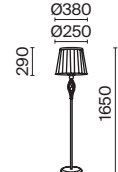

8 ☐ **ARM247-11-G**

💡 1 × E14 40 BТ
⚡ 7020, 7019
IP 20
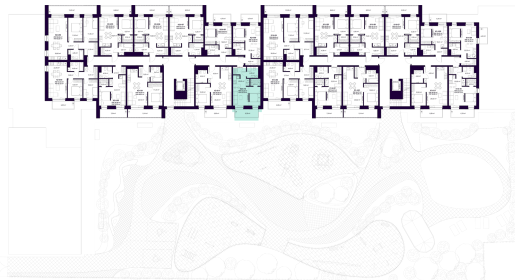

K2-6-10 BUTAS

Laisvas

AUKŠTAS	6
KAMBARIAI	1,5
PLOTAS BE PERTVARŲ (PBP)	35,33 m ²
PLOTAS SU PERTVAROMIS (PSP)	33,73 m ²
BALKONAS	6,39 m ²
KRYPTIS	Vakarai

ⓘ Vizualizacijos atspindi projekto viziją. Suplanavimai – rekomendacinio pobūdžio. Butai yra parduodami be vidinių pertvarų.

K2-6-10 BUTAS

Laisvas

ⓘ Vizualizacijos atspindi projekto viziją. Suplanavimai – rekomendacinio pobūdžio. Butai yra parduodami be vidinių pertvarų.
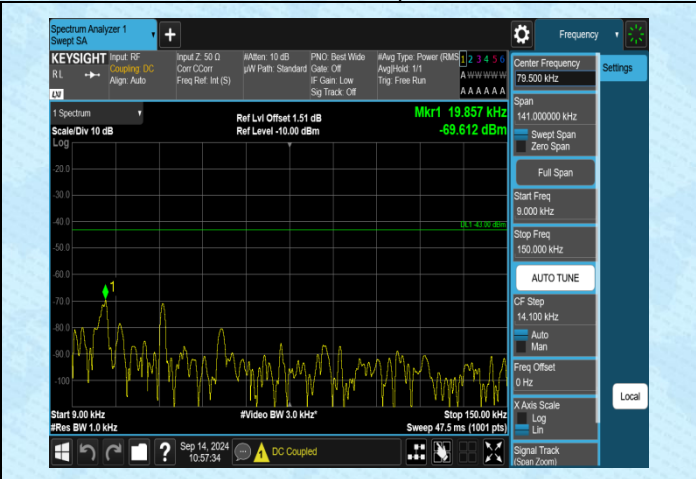

Band4-10MHz-QPSK-20350-1RB#0-0.009~0.15-PASS
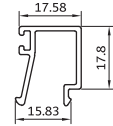

سپری لنگه ۵۵

690 gr/m

tripetalous profiles

زهوار دو جداره تخت

245 gr/m

glass holder
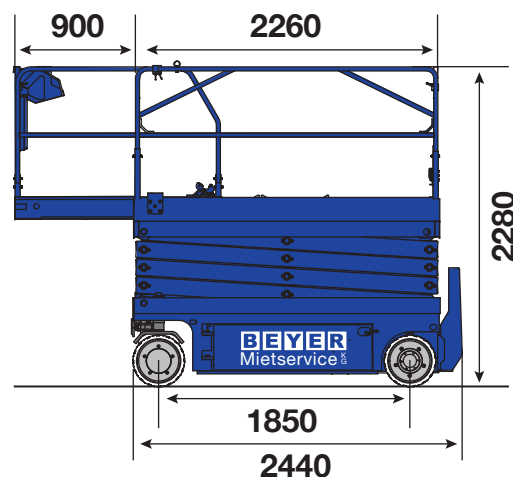

**Plattformabmessung**.....2,26 m × 0,83 m  
**Plattformerweiterung**..... 0,90 m

**Bodenfreiheit** ..... 0,06 m  
**Bodenfreiheit** (mit Lochfahrerschutz).....0,02 m

**Radstand**..... 1,85 m  
**Wenderadius außen**..... 2,20 m

 **max. Steigfähigkeit**.....25 %  
**max. zul. Schrägstellung** in Fahrtrichtung..... 3°  
**max. zul. Schrägstellung** quer zur Fahrtrichtung.....1,5°

 **Batteriekapazität**..... 4 x 6 V / 225 Ah  
**Ladeanschluss** ..... 230 V / 16 A

 **non-marking Bereifung**  
Vollgummi weiß, abriebfrei 381 x 129 mm

 **Leergewicht**..... ca. 2.200 kg

**HINWEIS:**  
Gabeltaschen  
hinten!
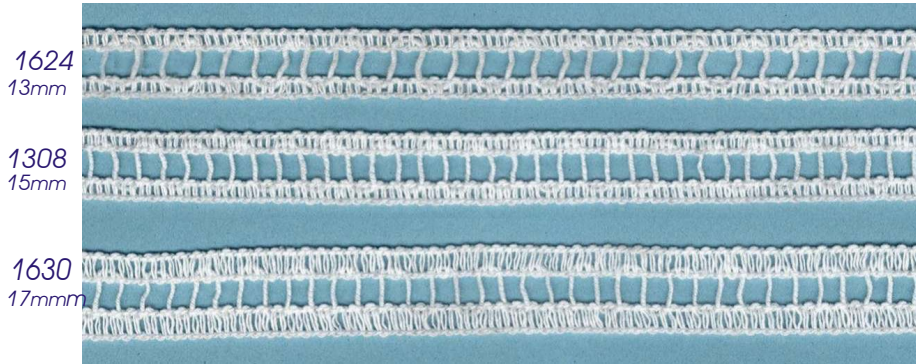

5309

5222

5224

1323/2 - 1038

Ecru

5219

5309

5224

1320/2  20mt  
1320/3  200mt

*Merletti a Fusello*  
Pillow Lace - Dentelle au fuseau - Encaje de bolillos - Klöppelspitze  
Cotone / Cotton / Coton / Algodón / Baumwolle

1320/2

Colori/Colors/Couleurs/Colores/Farben
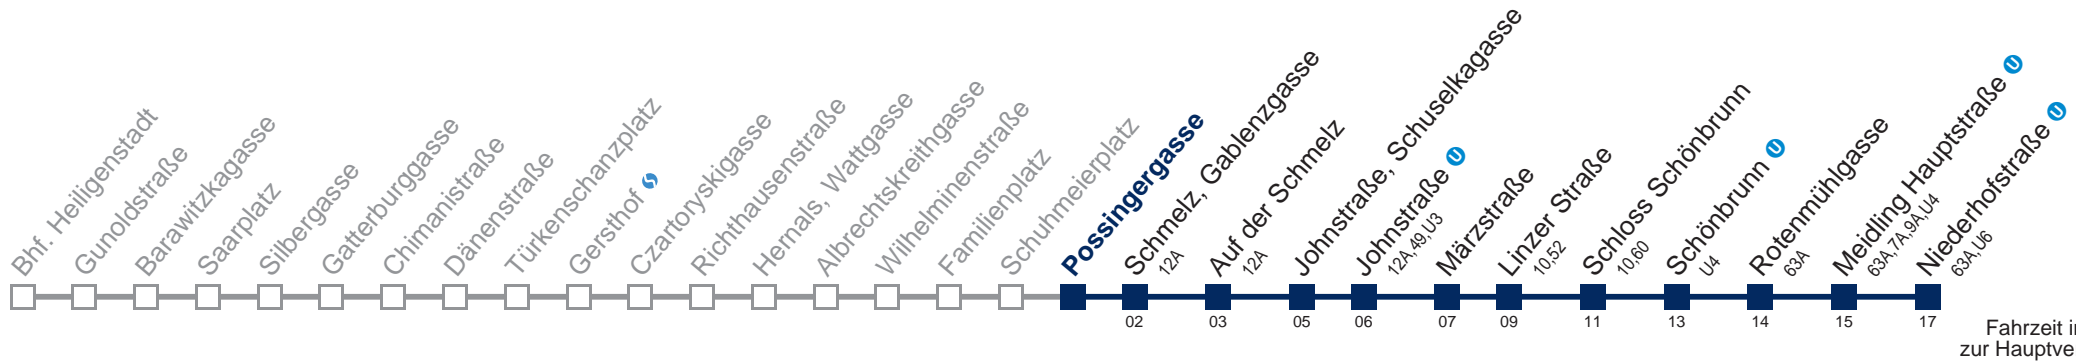

10A Niederhofstraße U

Fahrzeit in Minuten zur Hauptverkehrszeit

Montag-Freitag (Schule)

5	02 24 39 50
6	00 11 21 32 42 52
7	02 13 23 33 41 49 57
8	05 14 24 34 44 54
9	04 14 19 24 33 43 53
10	03 13 23 33 43 53
11	03 13 23 33 43 53
12	03 13 23 33 43 53
13	03 13 23 33 43 53
14	03 13 23 33 43 53
15	03 13 23 34 44 54
16	04 14 24 34 44 54
17	04 14 24 34 44 54
18	04 13 23 32 42 52
19	02 12 22 32 42 52
20	02 10 19 27 37 47 52 57
21	07 17 27 37 47 57
22	08 15 22 36 43 51
23	06 21 36 51
0	06 17 21 32 36

Montag-Freitag (Ferien)

5	02 24 39 50
6	00 11 21 32 42 52
7	02 13 24 35 44 54
8	04 14 24 34 44 54
9	04 14 24 33 43 53
10	03 13 23 33 43 53
11	03 13 23 33 43 53
12	03 13 23 33 43 53
13	03 13 23 33 43 53
14	03 13 23 33 43 53
15	03 13 23 34 44 54
16	04 14 24 34 44 54
17	04 14 24 34 44 54
18	04 13 23 32 42 52
19	02 12 22 32 42 52
20	02 10 19 27 37 47 52 57
21	07 17 27 37 47 57
22	08 15 22 36 43 51
23	06 21 36 51
0	06 17 21 32 36

Samstag

5	02 23 45
6	05 21 36 51
7	07 23 36 46 56
8	06 16 26 36 46 56
9	07 18 29 39 49 59
10	09 19 29 39 49 59
11	09 19 29 39 49 59
12	09 19 29 39 49 59
13	09 19 29 39 49 59
14	09 19 29 39 49 59
15	09 19 29 39 49 59
16	09 19 29 39 49 59
17	09 19 29 39 49 59
18	09 19 29 39 49 59
19	08 17 26 31 36 46 56
20	06 16 26 38 45 53
21	08 15 23 38 53
22	07 22 36 51
23	06 21 36 51
0	06 18 21 33 36

Sonn- und Feiertags

5	02 23 45
6	05 21 36 51
7	07 22 37 52
8	07 22 37 52
9	08 24 37 47 57
10	07 17 27 37 47 57
11	08 18 28 38 48 58
12	08 18 28 38 48 58
13	08 18 28 38 48 58
14	08 18 28 38 48 58
15	08 18 28 38 48 58
16	08 18 28 38 48 58
17	08 18 28 38 48 58
18	08 18 28 38 48 58
19	07 16 26 36 46 56
20	06 16 25 37 52 59
21	07 14 22 37 52
22	07 21 36 51
23	06 21 36 51
0	06 18 21 33 36

Am 31.12. Verkehr wie samstags, ab ca. 18.30 Uhr Intervall alle 15 Minuten
Am 31.12. Verkehr wie samstags □ bis Johnstraße, Schuselkagasse

Kaufen Sie Ihre Tickets bequem mit der WienMobil-App.
Buy your tickets easily via our WienMobil app.

Auskunft Servicetelefon 01/7909 100
Änderungen vorbehalten

- **WHAT IS NEEDED**: Each record above should come back exactly the same, only without its pictures.

- **EXERCISE RESPONSE**:
8 ☐ **ARM247-11-G**

💡 1 × E14 40 BТ
⚡ 7020, 7019
IP 20

K2-6-10 BUTAS

Laisvas

AUKŠTAS	6
KAMBARIAI	1,5
PLOTAS BE PERTVARŲ (PBP)	35,33 m ²
PLOTAS SU PERTVAROMIS (PSP)	33,73 m ²
BALKONAS	6,39 m ²
KRYPTIS	Vakarai

ⓘ Vizualizacijos atspindi projekto viziją. Suplanavimai – rekomendacinio pobūdžio. Butai yra parduodami be vidinių pertvarų.

K2-6-10 BUTAS

Laisvas

ⓘ Vizualizacijos atspindi projekto viziją. Suplanavimai – rekomendacinio pobūdžio. Butai yra parduodami be vidinių pertvarų.

Band4-10MHz-QPSK-20350-1RB#0-0.009~0.15-PASS

سپری لنگه ۵۵

690 gr/m

tripetalous profiles

زهوار دو جداره تخت

245 gr/m

glass holder

**Plattformabmessung**.....2,26 m × 0,83 m  
**Plattformerweiterung**..... 0,90 m

**Bodenfreiheit** ..... 0,06 m  
**Bodenfreiheit** (mit Lochfahrerschutz).....0,02 m

**Radstand**..... 1,85 m  
**Wenderadius außen**..... 2,20 m

 **max. Steigfähigkeit**.....25 %  
**max. zul. Schrägstellung** in Fahrtrichtung..... 3°  
**max. zul. Schrägstellung** quer zur Fahrtrichtung.....1,5°

 **Batteriekapazität**..... 4 x 6 V / 225 Ah  
**Ladeanschluss** ..... 230 V / 16 A

 **non-marking Bereifung**  
Vollgummi weiß, abriebfrei 381 x 129 mm

 **Leergewicht**..... ca. 2.200 kg

**HINWEIS:**  
Gabeltaschen  
hinten!

5309

5222

5224

1323/2 - 1038

Ecru

5219

5309

5224

1320/2  20mt  
1320/3  200mt

*Merletti a Fusello*  
Pillow Lace - Dentelle au fuseau - Encaje de bolillos - Klöppelspitze  
Cotone / Cotton / Coton / Algodón / Baumwolle

1320/2

Colori/Colors/Couleurs/Colores/Farben

10A Niederhofstraße U

Fahrzeit in Minuten zur Hauptverkehrszeit

Montag-Freitag (Schule)

5	02 24 39 50
6	00 11 21 32 42 52
7	02 13 23 33 41 49 57
8	05 14 24 34 44 54
9	04 14 19 24 33 43 53
10	03 13 23 33 43 53
11	03 13 23 33 43 53
12	03 13 23 33 43 53
13	03 13 23 33 43 53
14	03 13 23 33 43 53
15	03 13 23 34 44 54
16	04 14 24 34 44 54
17	04 14 24 34 44 54
18	04 13 23 32 42 52
19	02 12 22 32 42 52
20	02 10 19 27 37 47 52 57
21	07 17 27 37 47 57
22	08 15 22 36 43 51
23	06 21 36 51
0	06 17 21 32 36

Montag-Freitag (Ferien)

5	02 24 39 50
6	00 11 21 32 42 52
7	02 13 24 35 44 54
8	04 14 24 34 44 54
9	04 14 24 33 43 53
10	03 13 23 33 43 53
11	03 13 23 33 43 53
12	03 13 23 33 43 53
13	03 13 23 33 43 53
14	03 13 23 33 43 53
15	03 13 23 34 44 54
16	04 14 24 34 44 54
17	04 14 24 34 44 54
18	04 13 23 32 42 52
19	02 12 22 32 42 52
20	02 10 19 27 37 47 52 57
21	07 17 27 37 47 57
22	08 15 22 36 43 51
23	06 21 36 51
0	06 17 21 32 36

Samstag

5	02 23 45
6	05 21 36 51
7	07 23 36 46 56
8	06 16 26 36 46 56
9	07 18 29 39 49 59
10	09 19 29 39 49 59
11	09 19 29 39 49 59
12	09 19 29 39 49 59
13	09 19 29 39 49 59
14	09 19 29 39 49 59
15	09 19 29 39 49 59
16	09 19 29 39 49 59
17	09 19 29 39 49 59
18	09 19 29 39 49 59
19	08 17 26 31 36 46 56
20	06 16 26 38 45 53
21	08 15 23 38 53
22	07 22 36 51
23	06 21 36 51
0	06 18 21 33 36

Sonn- und Feiertags

5	02 23 45
6	05 21 36 51
7	07 22 37 52
8	07 22 37 52
9	08 24 37 47 57
10	07 17 27 37 47 57
11	08 18 28 38 48 58
12	08 18 28 38 48 58
13	08 18 28 38 48 58
14	08 18 28 38 48 58
15	08 18 28 38 48 58
16	08 18 28 38 48 58
17	08 18 28 38 48 58
18	08 18 28 38 48 58
19	07 16 26 36 46 56
20	06 16 25 37 52 59
21	07 14 22 37 52
22	07 21 36 51
23	06 21 36 51
0	06 18 21 33 36

Am 31.12. Verkehr wie samstags, ab ca. 18.30 Uhr Intervall alle 15 Minuten
Am 31.12. Verkehr wie samstags □ bis Johnstraße, Schuselkagasse

Kaufen Sie Ihre Tickets bequem mit der WienMobil-App.
Buy your tickets easily via our WienMobil app.

Auskunft Servicetelefon 01/7909 100
Änderungen vorbehalten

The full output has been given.